Peripheral venous blood was collected from all patients into Vacutainer tubes in the morning. Serum was obtained by centrifugation of whole blood at 3000 g for 10 min. Plasma (CITRATE as anticoagulant) was obtained by centrifugation at 3500 g for 15 min at a temperature of 4 °C. Serum samples used to measure IL-6, IL-8 and TNF-α levels were stored at − 80 °C until they were analyzed. IL-6, IL-8 and TNF-α serum concentrations were determined by validated immunoassays (IMMULITE ONE, Siemens, Germany), full blood counts were carried out using ADVIA 2120 (Siemens, Germany); serum CRP, cholesterol and bilirubin were measured using ADVIA 2400 (Siemens, Germany); A1AT was analyzed by nephelometric assay (IMMAGE, Beckman Coulter, USA); IgE levels were measured by fluorometric immunoassay (PHADIA 250, Thermo Scientific, USA) and fibrinogen was calculated in ACL TOP 700 instrument (Werfen Company, Spain) Limits of detection (LOD) for IL-6, IL-8 and TNF-α were 2 pg/ml, 5 pg/ml and 4 pg/ml. Biomarker concentrations were below the LOD in some individuals. To avoid a downward bias of the population data, a nominal level of half of the LOD value was used in the analysis in individuals with values below the LOD [24].

Statistical analysis

The design and statistics of the study were reviewed by a professor of epidemiology who is a co-author of the manuscript, and who has an extensive experience in case-control studies. We first carried out a descriptive analysis of levels of all markers in the three groups of patients through the use of boxplots. Then we developed a univariate analysis to evaluate differences between cases (patients with LC + COPD) and controls (COPD) for all assessed variables.

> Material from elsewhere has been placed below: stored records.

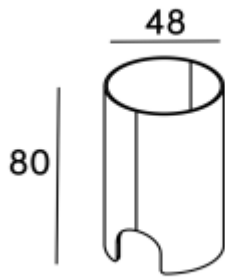

## ALMA 2 TUBE BOX

Available colors:

Beam angle:

Location:

Exterior

Fixation:

Inground

<https://uni-luce.com>

+39 339 505 5880

[info@uni-luce.com](mailto:info@uni-luce.com)

Via Monselice, 26, 20832 Desio

MB, Italy

The ALMA family of outdoor step lights comes in two sizes with D45 & D70mm. With a diffuse output that guarantees excellent visual comfort, its light offers way guidance in driveways, external walkways and steps in residential and hospitality contexts. The light is perfectly uniform thanks to a mixing chamber built into the resin body, which is rated IP67. ALMA is a versatile fixture that can be installed flush with the surface using an outer casing and is also suitable for wall mounting to produce artistic and emotive lighting.

The t-student test was used for quantitative variables and Chi2 test was used to compare percentages for qualitative variables. Our limit of significance was p < 0.05. We included variables with a p < 0.10 in the multivariate models (performed through a forward conditional method), developing interaction analyses for all of them. For the final significant variables, we performed two multivariate logistic regression models, the first adjusting for age and sex and the second also including the remaining variables. To do so, the significant quantitative variables were stratified into terciles for inclusion in the logistic regression models. Application of this multivariate analyses led to the design of a risk score variable for each given patient based on the results of the multivariate logistic regression. Points for a given patient were obtained by summing all the points for each predictor variable, adjusted for sex and age. Then we developed a ROC curve and assessed sensitivity, specificity and predictive values for the risk score variable, taking into account a prevalence of LC in patients with COPD of 25% [7]. The analysis was performed with SPSS 21.0 (IBM Corporation, Armonk, New York).

Results

We included 280 patients: 109 cases (LC + COPD), 83 controls (COPD) and 88 LC patients. A descriptive and univariate analysis comparing baseline characteristics and marker levels of cases and controls is included in Table 1. As shown in the table, baseline characteristics of both groups were very homogeneous, with no relevant differences between groups, also in terms of baseline treatments. There were no patients undertaking any growth factor. One case and two controls had A1AT < 90 mg/dl. Five patients had cachexia, four were cases (one in the group with high cholesterol levels and three with medium cholesterol levels) and one was a control. Baseline characteristics of LC patients without COPD are included in Table 2.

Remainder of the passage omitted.